Production of ethanol from lignocellulosic biomass can effectively reduce the risk of food price increase because of sugar- or starch-based bioethanol production (Fargione et al., 2008, Tilman et al., 2006). Although corn stover has been studied for ethanol production (Zhu et al., 2009), the available amount of corn stover is not sufficient to support biorefineries with an annual production of 36 billion gallons of ethanol in 2022 (Graham et al., 2007). Photoperiod-sensitive (PS) sorghum, which can grow in semiarid parts of the world and especially in areas too dry for corn, contains a significant amount of soluble sugar and a low ratio of lignin to cellulose. These advantages make PS sorghum an excellent source for bioethanol production.

Many studies about the effects of diluted sulfuric acid pretreatment on enzymatic hydrolysis of cellulose have been reported in which the acid pretreatment was proven effectively in removing most of the hemicellulose and some lignin component (Schell et al., 2003, Zhu et al., 2004).
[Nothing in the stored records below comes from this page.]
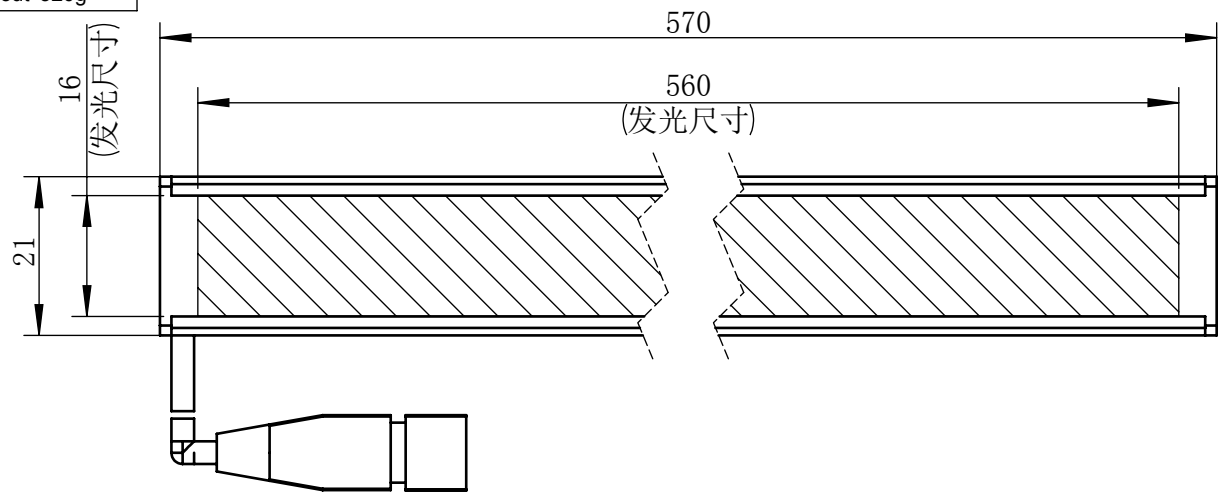

Color	Voltage	Power
White	24V	10.6W
Blue	24V	10.6W
Red	24V	8.6W
Weight	About 320g	

视角		上海楷威光电科技有限公司 Shanghai K-WELL Photoelectric Technology Co., Ltd.				
未标注尺寸公差 按标准公差等级	IT13	KW-TL56016				
设计	Timmy					
审核		比例	1:1	第 张 共 张	版本	V2.0.1
图纸大小	A4	未经允许严禁复制 Copyright (c) kwell-mv.com				
日期	2020/01/01					
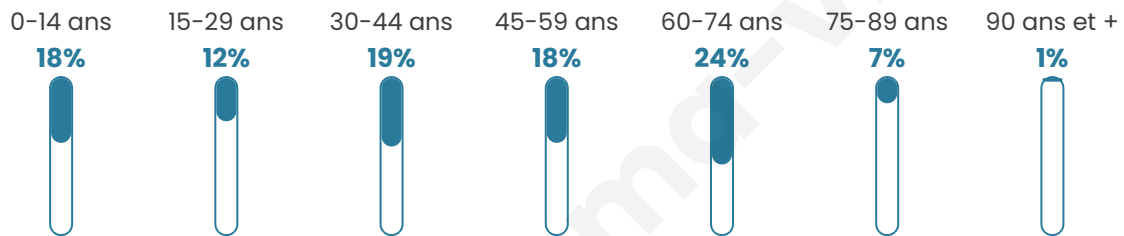

# Statistiques sur la population

Nombre d'habitants

**825**

Age moyen

**43 ans**

Pop active

**45.8%**

Taux chômage

**5.6%**

Pop densité

**41 h/km<sup>2</sup>**

Revenu moyen

**23 610 €/an**

## Evolution du nombre d'habitants

Sources : Institut national de la statistique et des études économiques (insee) selon Les dernières parutions officielles de 2024 portant sur les années 2020, 2021 et 2022.

## Tranche d'âge

According to previous study on PS sorghum (Xu et al., 2011), a harsher condition of pretreatment should be applied to make cellulose easily degradable, thus achieving a high efficiency (more than 90%) of enzymatic hydrolysis (EEH). Cellulose degradation during high temperature and diluted sulfuric acid pretreatment comprises the following steps. First, hydrogen bonds between glucan units are broken and cellulose is degraded to cellobiose and glucose, and cellobiose is not stable at acid condition and will be degraded to glucose. Glucose will further be degraded to form degradation products (Mosier et al., 2002), some of which are considered inhibitors to yeast fermentation (Klinke et al., 2004). Thus, it is more important to study the relationship between cellulose (glucose) recovery and EEH than to focus only on a high EEH because cellulose loss is not negligible even for mild pretreatment conditions (e.g., 143.2 °C, 0.4% sulfuric acid concentration and 30 min) (Bienkowski et al., 1987).
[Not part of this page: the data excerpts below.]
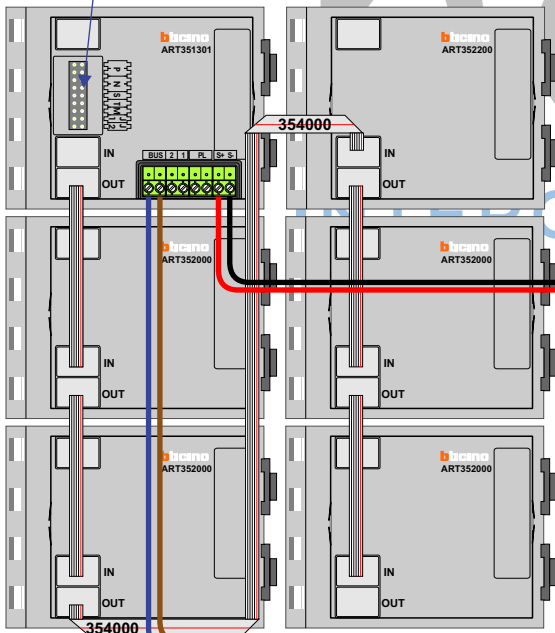

— = systeemkabel
Bij andere getwiste kabel 66% afstand!
Bij ongetwiste kabel max. 50 meter buitenpost naar videofoon.
UTP op aanvraag.

M-43 en M-70

BUS

De aders moeten echt OP de connector doorgelust worden!

VideoVerdeeler

De aders moeten echt OP de klemmen doorgelust worden!

BUS 2-DRAADS

Bij monteren/demonteren spanning eraf en voorkom defecten!

DEURSTATION S-131V

Max. 50 meter

Max. 100 meter systeemkabel tot laatste videofoon

INTERCOM MADE EASY

N-waarde	Huisnummer	Switch ON	
1	16		M-43
2	14		M-43
3	12	X	M-70
4	10		M-43
5	8		M-43
6	6	X	M-43
7	4		M-70
8	2		M-43
9	32	X	M-70
10	30	X	M-43
11	28		M-43
12	26		M-43
13	24		M-43
14	22		M-43
15	20		M-43
16	18		M-43
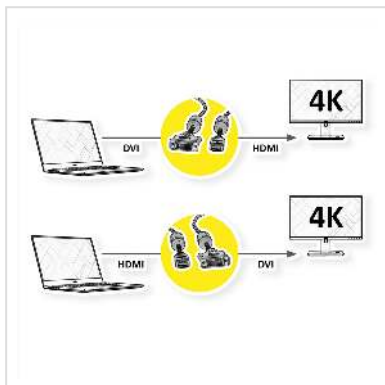

ROLINE GOLD Monitorkabel DVI - HDMI, M-M, (24+1) dual link, Retail Blister, 5 m

Art.nr.	11.88.5893
Fabrikant	ROLINE
Art.nr. fabrikant	11.88.5893
EAN (een stuk)	7611990152582

roline[®]
Designed for Professionals

ROLINE GOLD HDMI naar DVI kabel voor het aansluiten van een ultrabook, notebook/laptop of PC op een monitor, TV, beamer of projector - voor schermuitzendingen in uitstekende kwaliteit met een 4K resolutie tot 3840x2160 @30Hz!

- HDMI is een universele verbingsstandaard voor de overdracht van video- en audiosignalen. Toepassingen zijn voornamelijk het aansluiten van monitoren en televisies op computers, Blu-Ray spelers en soortgelijke apparaten.
- De HDMI-aansluiting neemt minder ruimte in beslag en is daarom meer geschikt voor draagbare weergaveapparaten (ultrabooks, notebooks/laptops) of voor 2 aansluitingen op een grafische kaart (op een slotplaat).
- De robuuste nylon vlecht beschermt de kabel effectief en laat hem er prachtig uitzien.
- Hoogwaardige, dubbel afgeschermd kabel (folie+vlecht) met vergulde contacten voor optimale overdracht van beeldsignalen
- Ondersteunt 3D-video
- HDMI Ethernet kanaal
- Audio retourkanaal (ARC) voor het doorsturen van signalen naar de audio/video-ontvanger
- Gouden connectorbehuizing
- Aansluitingen: DVI-D (24+1) naar HDMI

versterkt buitenmateriaal in goud/zwart zorgt voor een betere stabiliteit en geeft de kabel een verbluffende uitstraling.

Met mooie blisterverpakking voor de Retail en wederverkoop.

Technische specificaties	
Producent	ROLINE
Produkt groep	Kabel
Produkt type	HDMI DVI kabel
Kleur	zwart / goud
Lengte	5 m
Max. Resolutie	3840 x 2160 @30Hz (4K, Full HD)
Connector kant 1	DVI - D 24+1 Male
Connector kant 2	HDMI Male
Type connector kant 1	DVI-D 24+1, Dual-Link
M/F kant 1	Male
Type connector kant 2	HDMI type A
M/F kant 2	Male
Toepassing	extern
Kabel afscherming	afgeschermd
Handschroeven	ja
Gewicht	419.5 g
Hoogte verpakking	50 mm
Breedte verpakking	190 mm
Diepte verpakking	210 mm
Gewicht verpakking	0.494 kg
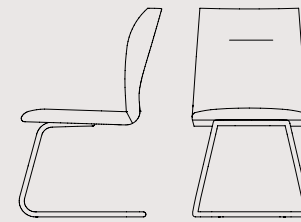

CB1925 | 51x60 H93 cm

A previous study on diluted sulfuric acid pretreatment of PS sorghum has shown promising results: about 74% of the sugar source, including cellulose (structural glucose) and soluble sugar (sucrose, glucose, and fructose), could be converted to ethanol (Xu et al., 2011). Thus, an in-depth investigation of how to maximize glucose yield is necessary to reveal the relationship between pretreatment conditions and total glucose yield from enzymatic hydrolysis. Response surface methodology (RSM) with the advantage of efficient design was employed in this study. Since PS sorghum contains a significant amount (about 17.5%) of soluble sugar, which can be easily degraded at high temperature and in acid conditions, a direct pretreatment will result in significant sugar loss. An integrated method was designed in this research to solve this problem: this method separates soluble sugar by washing the ground sample before pretreatment. The washing juice containing soluble sugar was then added to the pretreated sample for co-fermentation (Fig. 1).

Although sugar- and starch-based ethanol fermentation has been studied for a long time (Inlow et al., 1988), these processes are different from cellulose-based ethanol fermentation. Simultaneous saccharification and fermentation (SSF) has been accepted in most biomass processing, since it saves energy and time and reduces end-product inhibition of enzyme hydrolysis (Wright et al., 1988). The low biomass loading, which varies depending on material characteristics and pretreatment method, makes it difficult for cellulose-based SSF to achieve a high ethanol concentration (more than 10% (v/v)). Thus, for yeast fermentation of low sugar concentration and low ethanol concentration, substrate inhibition or end-product inhibition is not critical, because it was reported that ethanol begins to inhibit yeast fermentation at 25 g ethanol/L (Maiorella et al., 1983). Meanwhile, one of the current barriers preventing commercialization of lignocellulosic ethanol is its high processing cost. The optimization of cellulose-based fermentation is consequently supposed to include a mechanism for lowering processing cost. In this research, the optimization of SSF was balanced between ethanol yield and processing cost.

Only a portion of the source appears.